§ What is expected
Up to and including the final line, retype each line of the records below, starting with the one that contains "Fonia of Moray".

•••

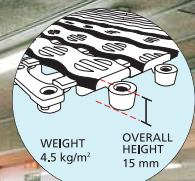

- Anti-bacterial additives with multi-directional drainage
- Hardwearing and requires no maintenance
- Sanitised anti-bacterial & anti-fungal additives
- Effective inside or out

Width x Length	Thickness	Colour	Code	Price
500mm x 10m roll	10mm	Oxford Blue	HR5BE	£237.64
500mm x 10m roll	10mm	Royal Blue	HR5RB	£237.64
500mm x 10m roll	10mm	Charcoal Grey	HR5GY	£237.64
500mm x 10m roll	10mm	Forest Green	HR5GN	£237.64
500mm x 10m roll	10mm	Mulberry Red	HR5RD	£237.64
1000mm x 10m roll	10mm	Oxford Blue	HR2BE	£406.56
1000mm x 10m roll	10mm	Royal Blue	HR2RB	£406.56
1000mm x 10m roll	10mm	Charcoal Grey	HR2GY	£406.56
1000mm x 10m roll	10mm	Forest Green	HR2GN	£406.56
1000mm x 10m roll	10mm	Mulberry Red	HR2RD	£406.56

provides drainage of large volumes of water. Its 15mm height will disperse the heaviest of spillages.

- Comfortable under foot, hygienic and slip-resistant
- Firm seamless joints with click together fit
- Open grid design facilitates excellent drainage of large volumes of water
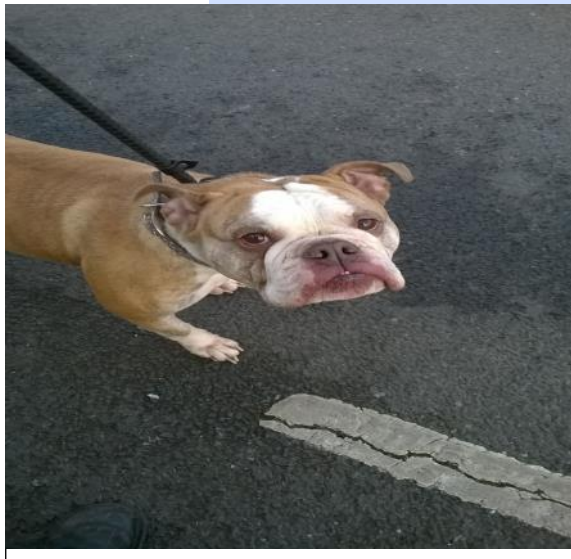

Dog Ref No SDK ICS975376

Date Collected 2018-12-29

Time Collected 14:20

Postcode SG5

Council Area NORTH HERTS

Location Collected MOSS WAY

## Additional Description Details

Breed OLD TYME BULLDOG

Sex FEMALE

Collar YES

ID Present NO

Microchip Found NO

Collection Officers Description of Dog / Distinguishing Marks / Injuries / Special Notes

TAN & WHITE OLD TYME BULLDOG, FEMALE WITH COLLAR
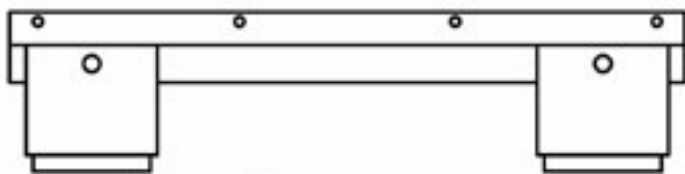

ALPHA Type 173 Bench

Plan

Elevation

Elevation

Available in 72" or 96" lengths
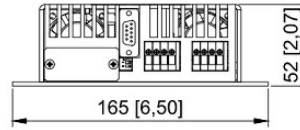

Technical Dimensions

LEFT VIEW

BOTTOM VIEW

TOP VIEW

RIGHT VIEW

FRONT VIEW

Specifications

GENERAL

Range Output Voltage	230 VAC
Output Power	750 W
Efficiency	86 %
Number of outputs	1
Input Voltage DC	18 ~ 30 VDC
Max operate temperature	+55 °C
Min operate temperature	-25 °C
Dimensions (WxHxD)	130 mm x 50 mm x 270 mm
Weight	1.95 Kg
MTBF	160K hours
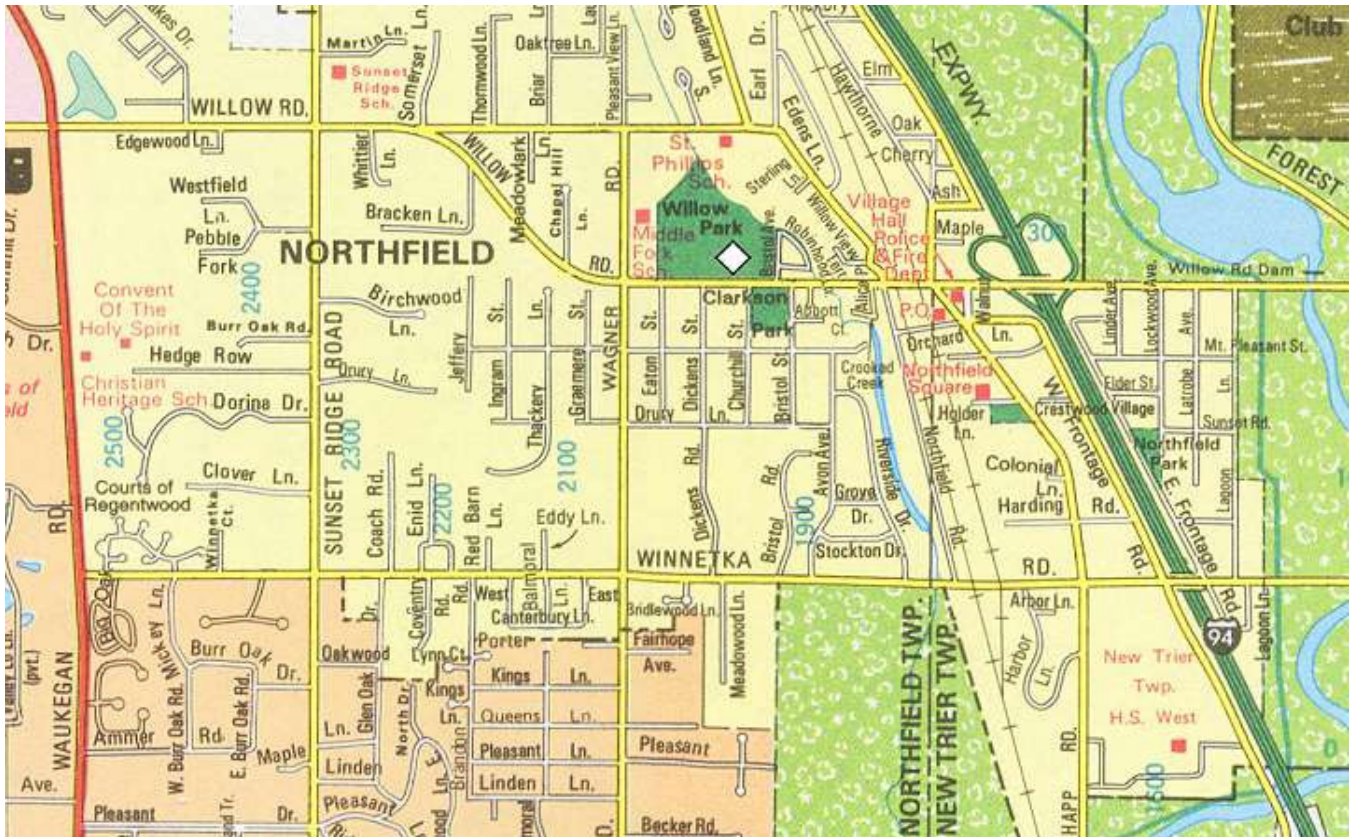

NORTH SUBURBAN YOUTH BASEBALL ASSOCIATION

NORTHFIELD 3 PARK

DIRECTIONS

FROM SKOKIE, EVANSTON, WILMETTE OR KENILWORTH: Take Winnetka Road west to Wagner Road. Turn north (right) on Wagner Road. Take Wagner Road to Willow Road. OR, take the Edens Expressway to Willow Road, exit on Willow Road westbound and follow Willow Road to Wagner Road. Park in the parking lot of the Northfield Community Center at the northeast corner of Wagner and Willow. The pony league diamond (#3) is the one furthest east.

FROM THE WEST AND SOUTH: Take Waukegan Road to Winnetka Road. Turn east (right) on Winnetka Road and take it to Wagner Road. Turn north (left) on Wagner Road and take it to Willow Road. OR, take Waukegan Road to Willow Road. Turn east (right) on Willow Road and take it to Wagner Road. Park in the parking lot of the Northfield Community Center at the northeast corner of Wagner and Willow. The pony league diamond (#3) is the one furthest east.
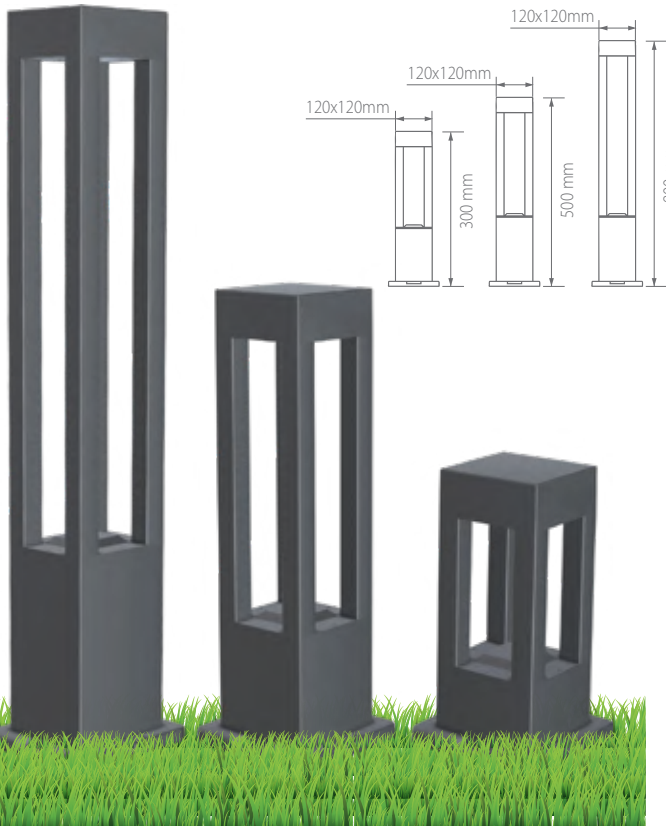

TR Rigel Alüminyum LED Bahçe Armatürleri
EN Rigel Aluminum LED Garden Fixtures

MADE IN
TÜRKİYE

Materyal: Alüminyum+Pleksi Glass / Statik Toz Boyalı
Material: Aluminum+Pleksi Glass / Static Powder Coated

KOD CODE	WATT	YÜKSEKLİK HEIGHT	CCT	FİYAT PRICE
AG44-06202	6 W	800 mm	● 3000 K	210,00 USD

AC 220V
240V | 50-60 Hz | IP44 | 25°C
+50°C

Materyal: Alüminyum+Pleksi Glass / Statik Toz Boyalı
Material: Aluminum+Pleksi Glass / Static Powder Coated

KOD CODE	WATT	YÜKSEKLİK HEIGHT	CCT	FİYAT PRICE
AG44-06102	6 W	500 mm	● 3000 K	175,00 USD

AC 220V
240V | 50-60 Hz | IP44 | 25°C
+50°C

Materyal: Alüminyum+Pleksi Glass / Statik Toz Boyalı
Material: Aluminum+Pleksi Glass / Static Powder Coated

KOD CODE	WATT	YÜKSEKLİK HEIGHT	CCT	FİYAT PRICE
AG44-06002	6 W	300 mm	● 3000 K	150,00 USD

AC 220V
240V | 50-60 Hz | IP44 | 25°C
+50°C
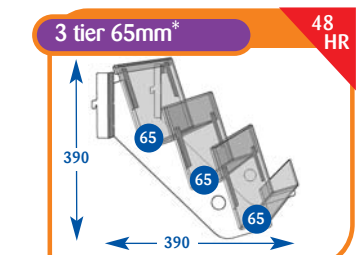

Size	Code	Price
Upto 600mm	A011009	£91.65
Upto 650mm	A071152	£102.00
Upto 900mm	A021016	£118.75
Upto 1000mm	A031009	£118.75
Upto 1200mm	A041009	£133.25
Upto 1250mm	A051016	£139.00
Upto 1330mm	A061016	£148.15

Slatwall Options: All brackets are also available for slatwall, please state on your order. Items not marked * require slatwall adaptors, item code K201003 @ £12.15 per pair.

Please quote codes on all orders. Other sizes are available subject to quotation.
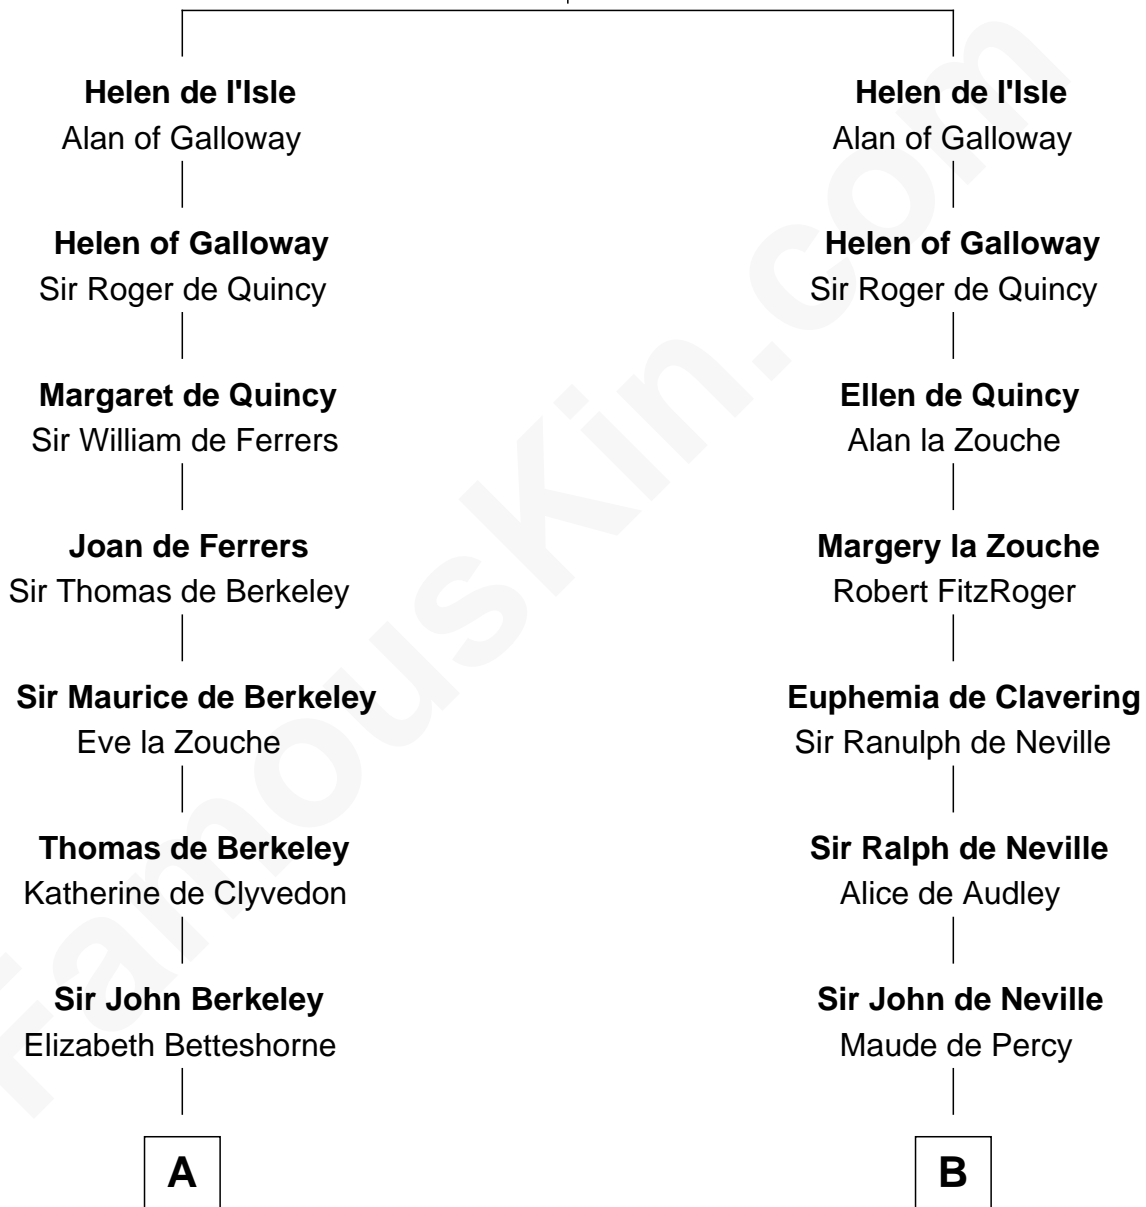

FamousKin.com Relationship Chart of

William Marsh Rice
Founder of Rice University

19th cousin 2 times removed of

Benjamin Harrison V
Signer of the Declaration of Independence

Reginald de l'Isle
Fonia of Moray

C

John Holbrook

Mary Hunt

Hannah Holbrook

Urban Bates

Sarah Bates

David Rice

David Rice

•••

§ Output for this task
Fonia of Moray

C

John Holbrook

Mary Hunt

Hannah Holbrook

Urban Bates

Sarah Bates

David Rice

David Rice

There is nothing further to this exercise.